WHAT YOU ARE ASKED TO DO: Scan the records for "luna". Report each line that includes it.

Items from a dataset
........
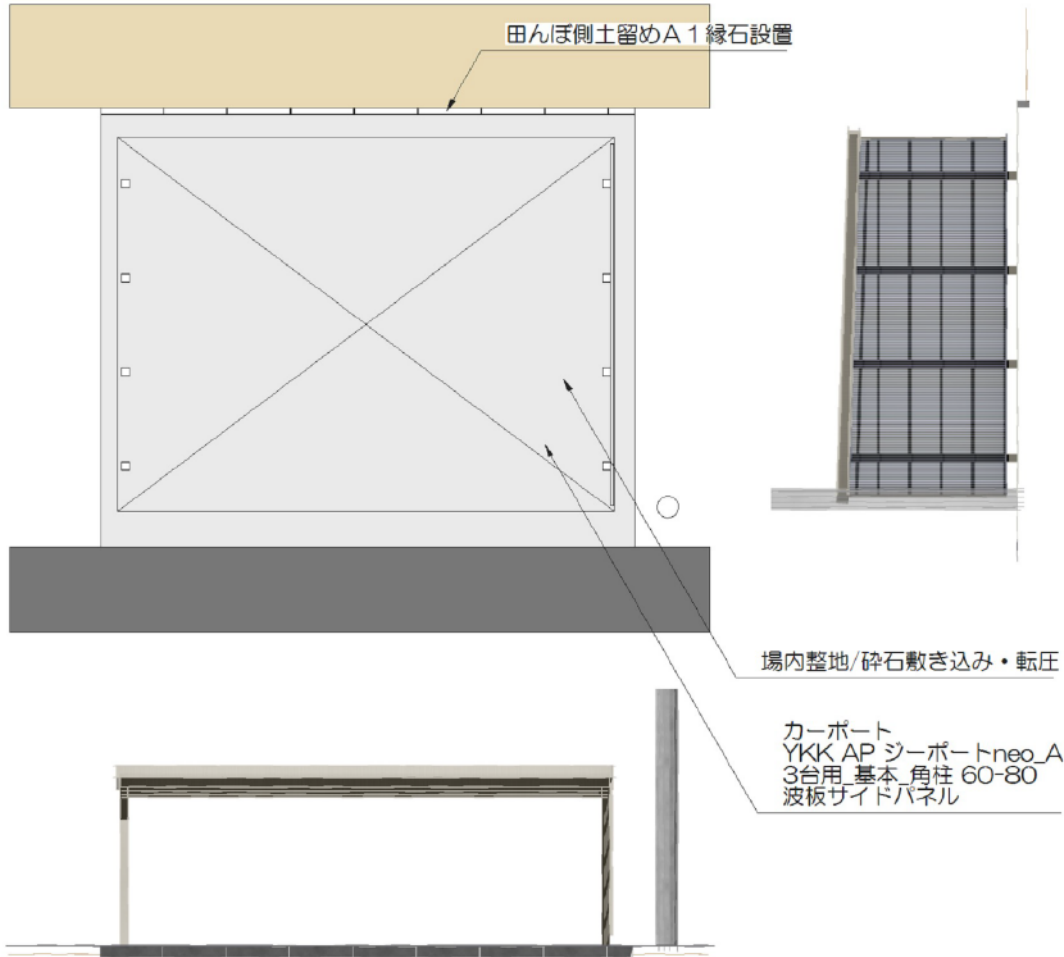

カーポート 施工概略図

YKK AP ジーポートneo Aタイプ 3台用 角柱8本仕様 標準鼻隠し 積雪~100cm対応
 幅= 7,911mm
 奥行= 5,966mm
 色： プラチナステン
 屋根材： スチール折板（ペフ無/t=0.6）※価格別途
 柱仕様： 標準柱仕様（有効高 約2,350mm）
 横材： 有り

YKK AP [片側]ジーポートneo サイドパネル <波板タイプ>
 奥行サイズ： 長さ60用
 高さ： 標準用(2,349mm)
 色： プラチナステン
 パネル材： ポリカーボネート波板(トーマイ)
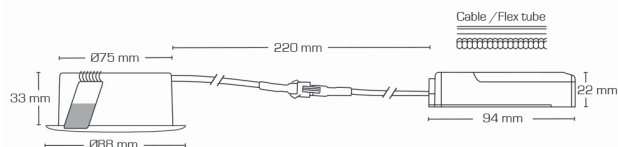

Varenr	EAN-kode	Udvendig mål	Frontdesign	Farve
10131	5713080101318	Ø88 mm	Rund	Mat hvid

Relaterede produkter

</da/produkter/downlights/luna-lp-elite-3000k>

[Luna LP Elite 3000K](/da/produkter/downlights/luna-lp-elite-3000k)
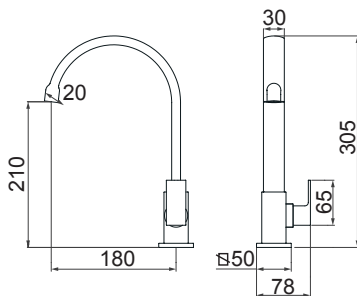

TOALHEIRO BARRA

**2042 B83**

TOALHEIRO BARRA DUPLO

**2060 B83**

CABIDE

**1877 C98**  
MISTURADOR PARA LAVATÓRIO DE MESA  
BICA ALTA

**1195 C98**  
TORNEIRA PARA LAVATÓRIO DE MESA  
BICA ALTA

**1984 C98**  
DUCHA HIGIÊNICA COM DERIVAÇÃO  
FLEXÍVEL DE 1,20M
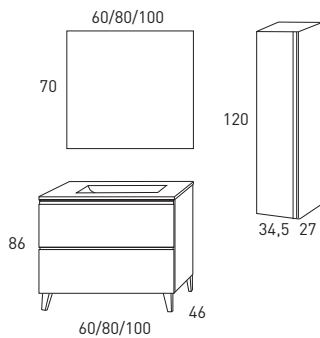

EXPRESS

Crudo

Canela

Blanco Ada

Ceniza

GRANADA 80

TIRADOR CROMO

MB + LAV	60 cm	80 cm	100 cm
Crudo	6757	6765	6773
Canela	6758	6766	6774
Blanco-Ada	6759	6767	6775
Ceniza	6760	6768	6776
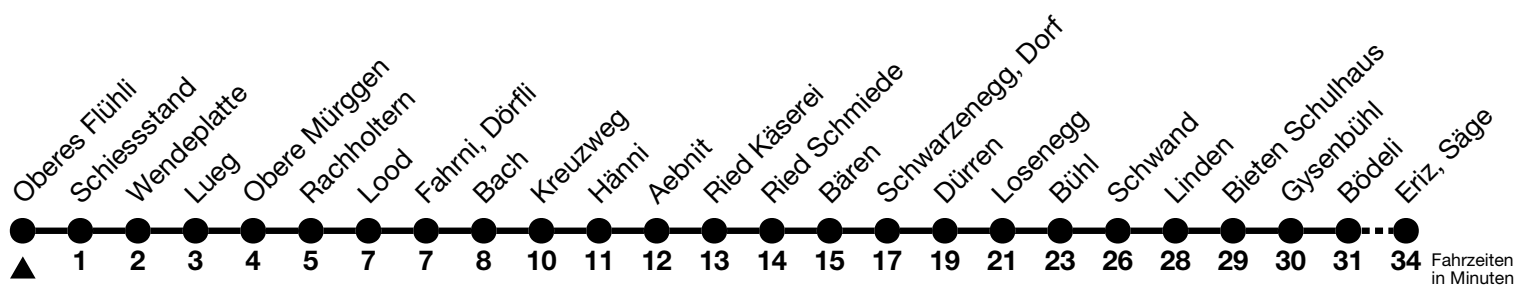

41

Oberes Flühli → Eriz, Säge

Gültig 10.12.2023 - 14.12.2024

Alle Angaben ohne Gewähr

Uhr	Montag - Freitag	Samstag	Sonn- und Feiertag
07	49	49	49
08			
09			
10	16	16	16
11			
12	16	16	16
13			
14			
15	16	16	16
16			
17	16	16	16
18			
19	21	21	21

Feiertage sind 25. + 26.12.2023, 01. + 02.01., 29.03. + 01.04., 09. + 20.05., 01.08.2024

Fahrplan Thun-Emberg-Kreuzweg-Heimenschwand siehe Linie 43

Verbindungen mit Umstieg in Unterlangenegg, Kreuzweg oder Schwarzenegg, Dorf siehe Online Fahrplanauskunft

VELOS: Der Veloselbstverlad ist beschränkt möglich

Ihr Fahrplan
in Echtzeit

STI Bus AG
Grabenstrasse 36
3600 Thun

Tel. 033 225 13 13
info@stibus.ch
stibus.ch
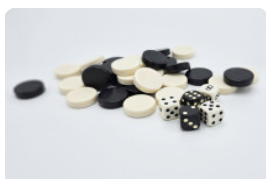

GT.BG.Pieces
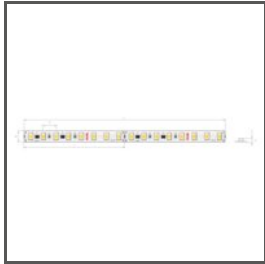

KWP-1920-120-RGB-24

Ref. arch WP-K-1920-120-RGB-24V

SOUVISEJÍCÍ PŘÍSLUŠENSTVÍ > RELATED LED > VYSOKÁ SVĚTELNÁ ÚČINNOST

Profil KUBIK-45

Ref. A07697

Ref. arch B7697

K-HE-0480-HD-24V

K-HEHD-0480-24
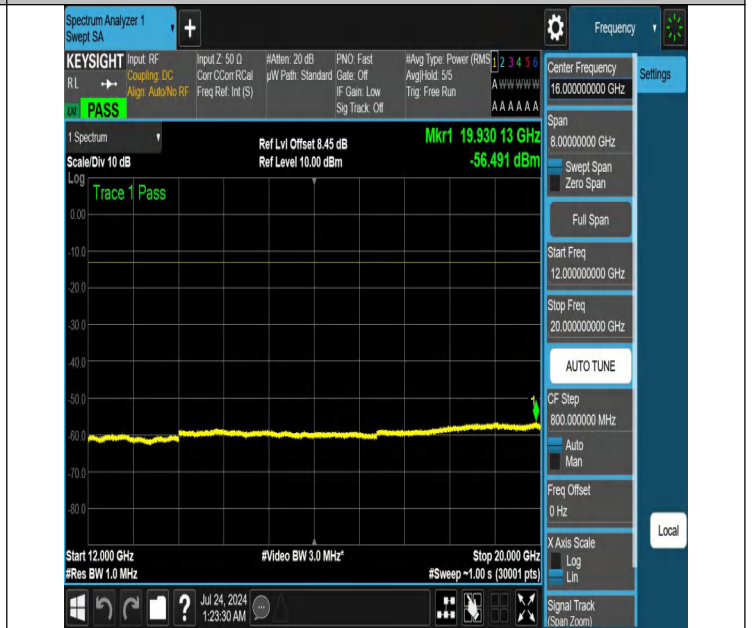

NTNV-N25-PC3-15-40-L-DFT-QPSK-Edge_1RB_Right-0.15-30-A
 nt1-PASS

NTNV-N25-PC3-15-40-L-DFT-QPSK-Edge_1RB_Right-30-1000-Ant1-PASS

NTNV-N25-PC3-15-40-L-DFT-QPSK-Edge_1RB_Right-1000-3000-Ant1-PASS

NTNV-N25-PC3-15-40-L-DFT-QPSK-Edge_1RB_Right-3000-12000-Ant1-PASS

NTNV-N25-PC3-15-40-L-DFT-QPSK-Edge_1RB_Right-12000-20000-Ant1-PASS

NTNV-N25-PC3-15-40-M-DFT-PI2BPSK-Edge_1RB_Left-0.009-0.15-Ant1-PASS

NTNV-N25-PC3-15-40-M-DFT-PI2BPSK-Edge_1RB_Left-0.15-30-Ant1-PASS

NTNV-N25-PC3-15-40-M-DFT-PI2BPSK-Edge_1RB_Left-30-1000-Ant1-PASS
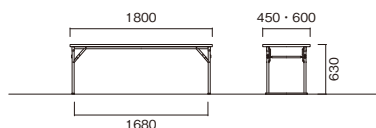

CUW

CUW-1860S-RO

CUW-1860S-TK

W×D×H	重量	品番	税抜価格
1500×450×630	12kg	CUW-1545S-□□	¥51,100
1500×600×630	14.5kg	CUW-1560S-□□	¥57,800
1800×450×630	13kg	CUW-1845S-□□	¥51,100
1800×600×630	16.4kg	CUW-1860S-□□	¥57,800

[共通仕様]

- 天板/表面材:メラミン化粧板 エッジソフトエッジ巻 28mm厚
- 脚部/アルミパイプ(□27) 保護バー付 焼付塗装(ブラック)
- 完成品

[天板カラー] ※品番の□□にカラーを指定してください。

RO ローズ TK チーク

■省スペース収納・薄型設計

折りたたみ時の厚みは68mm厚です。

CKP

CKP-1845S-RO

CKP-1845T-TK

[ソフトエッジ巻]

W×D×H	重量	品番	税抜価格
1800×450×630	13.6kg	CKP-1845S-□□	¥37,400
1800×600×630	17kg	CKP-1860S-□□	¥44,400

[共通仕様]

- 天板/表面材:メラミン化粧板 エッジソフトエッジ巻(S) 共巻(T) 28mm厚
- 脚部/スチールパイプ(□26) 保護バー付 焼付塗装(ブラック)
- 完成品

[共巻]

W×D×H	重量	品番	税抜価格
1800×450×630	11.4kg	CKP-1845T-□□	¥32,800
1800×600×630	14.2kg	CKP-1860T-□□	¥39,600

[天板カラー] ※品番の□□にカラーを指定してください。

RO ローズ TK チーク
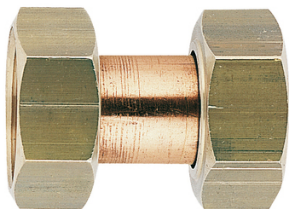

Raccord 2 écrous prisonniers douille cuivre droite 340L2E

Matière : Cuivre
Famille : Ecrou prisonnier
Genre : FF
Modèle : 340L2E

Prix catalogue

À partir de

6,11€ HT

SCANNEZ-MOI

Tous nos modèles

Réf. Produit	Réf. Fournisseur	Filetage	Filetages	Prix
P09658	05426	15x21 mm	15x21 mm (1/2")	6,11€ HT
P09659	05427	20x27 mm	20x27 mm (3/4")	10,11€ HT
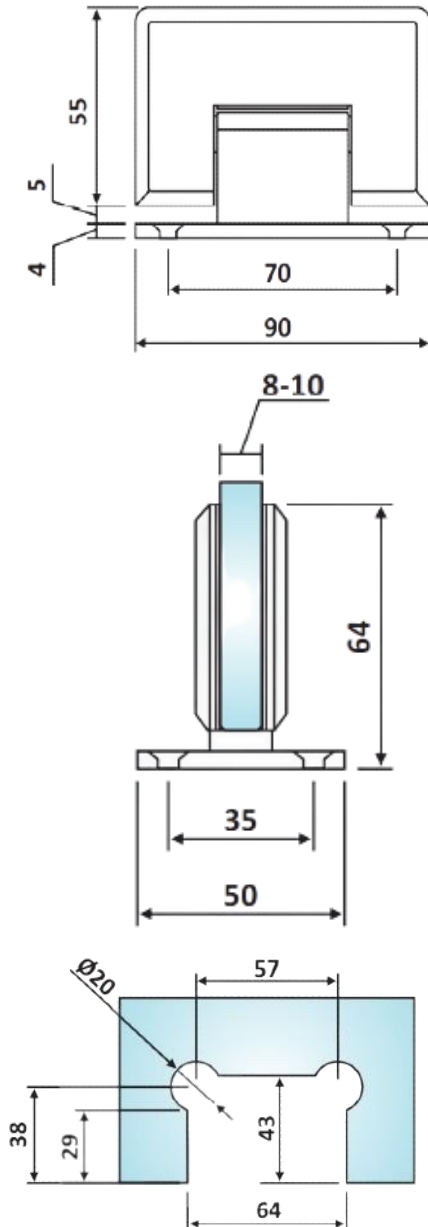

PRD 10-292

Μεντεσές πλαινός Γ-Τ
+90°/0°/-90° ρυθμιζόμενος/
Clicking hinge G-W +90°/0°/-
90° adjustable

Prd 10-292 Σατινέ / Matt chrome

Prd 10-217 Γυαλιστερό / Polished chrome

Υλικό / Material **Ορείχαλκος / Brass**

Γαλοπίνακας / Glass **8-10mm**

Μέγιστο βάρος πόρτας / Max door weight **45kg**

Μέγιστο φάρδος πόρτας / Max door width **900mm**

Βάρος / Weight **0,60Kg**

Προδιαγραφή / Notch code **E162/301AD**
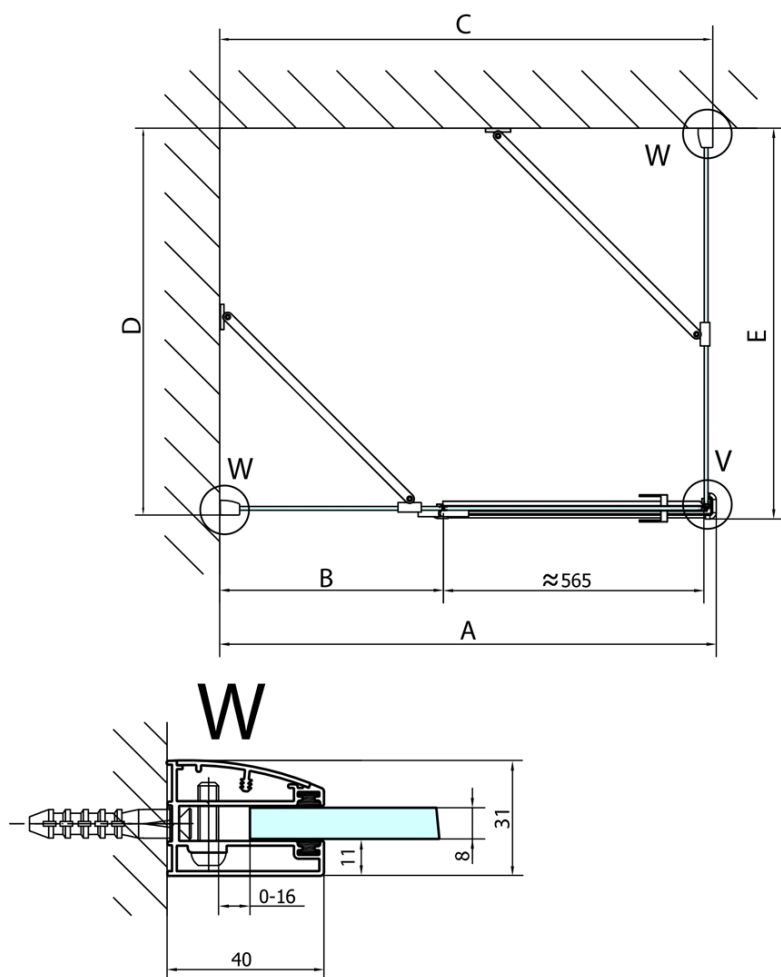

Produktový list

Objednací kód: **FL1090LFL3510**

FORTIS LINE obdélníkový sprchový kout 900x1000 mm, L varianta

Dveře	A (mm)	B (mm)	C (mm)
FL1080	785-801	≈ 200	779-795
FL1090	885-901	≈ 300	879-895
FL1010	985-1001	≈ 400	979-995
FL1011	1085-1101	≈ 500	1079-1095
FL1012	1185-1201	≈ 600	1179-1195
FL1113	1285-1301	≈ 700	1279-1295
FL1114	1385-1401	≈ 800	1379-1395
FL1115	1485-1501	≈ 900	1479-1495

Boční stěna	E	D
FL3580	785-801	779-795
FL3590	885-901	879-895
FL3510	985-1001	979-995

Stavební připravenost pro montáž na dlažbu
 kóty x, y = Rozměr k vnitřní straně skla

Construction readiness for floor mounting
 dimensions x, y = Dimension to the inside of the glass

Dveře	X (mm)	B (mm)
FL1080	768	≈ 200
FL1090	868	≈ 300
FL1010	968	≈ 400
FL1011	1068	≈ 500
FL1012	1168	≈ 600
FL1113	1268	≈ 700
FL1114	1368	≈ 800
FL1115	1468	≈ 900

Boční stěna	Y
FL3580	768
FL3590	868
FL3510	968
FL3511	1068
FL3512	1168
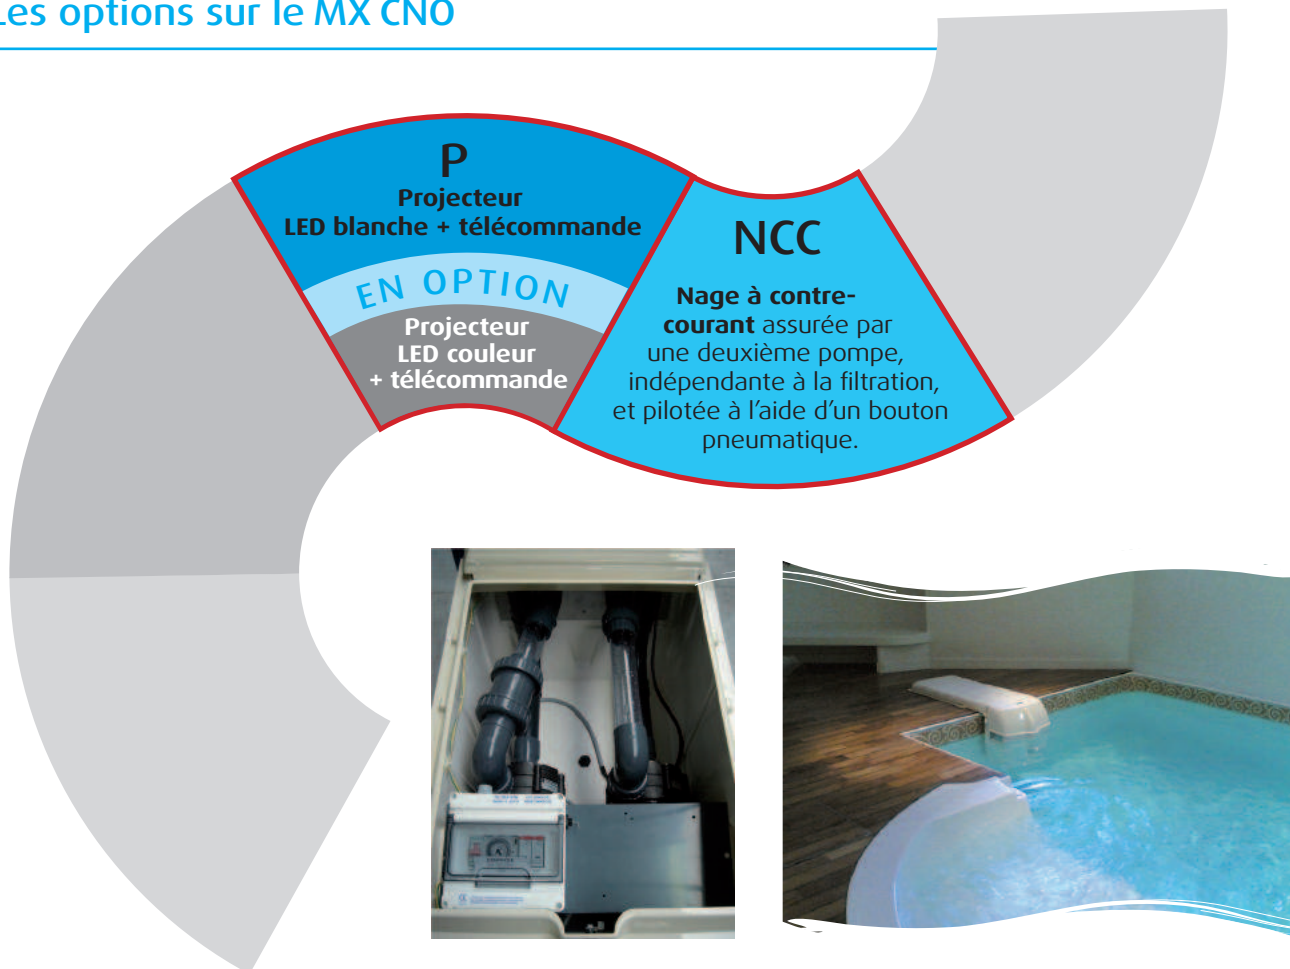

Référence produit : MX AVEC NAGE À CONTRE-COURANT

Deux produits adaptés à la taille de la piscine :

■ MX18

>> Piscines (jusqu'à 80m³ max. • Long. max. : 9m)

■ MX25

>> Piscines (jusqu'à 110 m³ • Long. max. : 12m)

Les options sur le MX CNO

Nos groupes de filtration modulaires peuvent accueillir **les options intégrales** ci dessus même plusieurs années après installation.

Caractéristiques

• NCC

Composée d'un réseau hydraulique, d'une pompe et d'un coffret électrique spécial NCC.

Schéma de principe d'un MX CNO
........
SOLUTION:
</da/produkter/downlights/luna-lp-elite-3000k>
[Luna LP Elite 3000K](/da/produkter/downlights/luna-lp-elite-3000k)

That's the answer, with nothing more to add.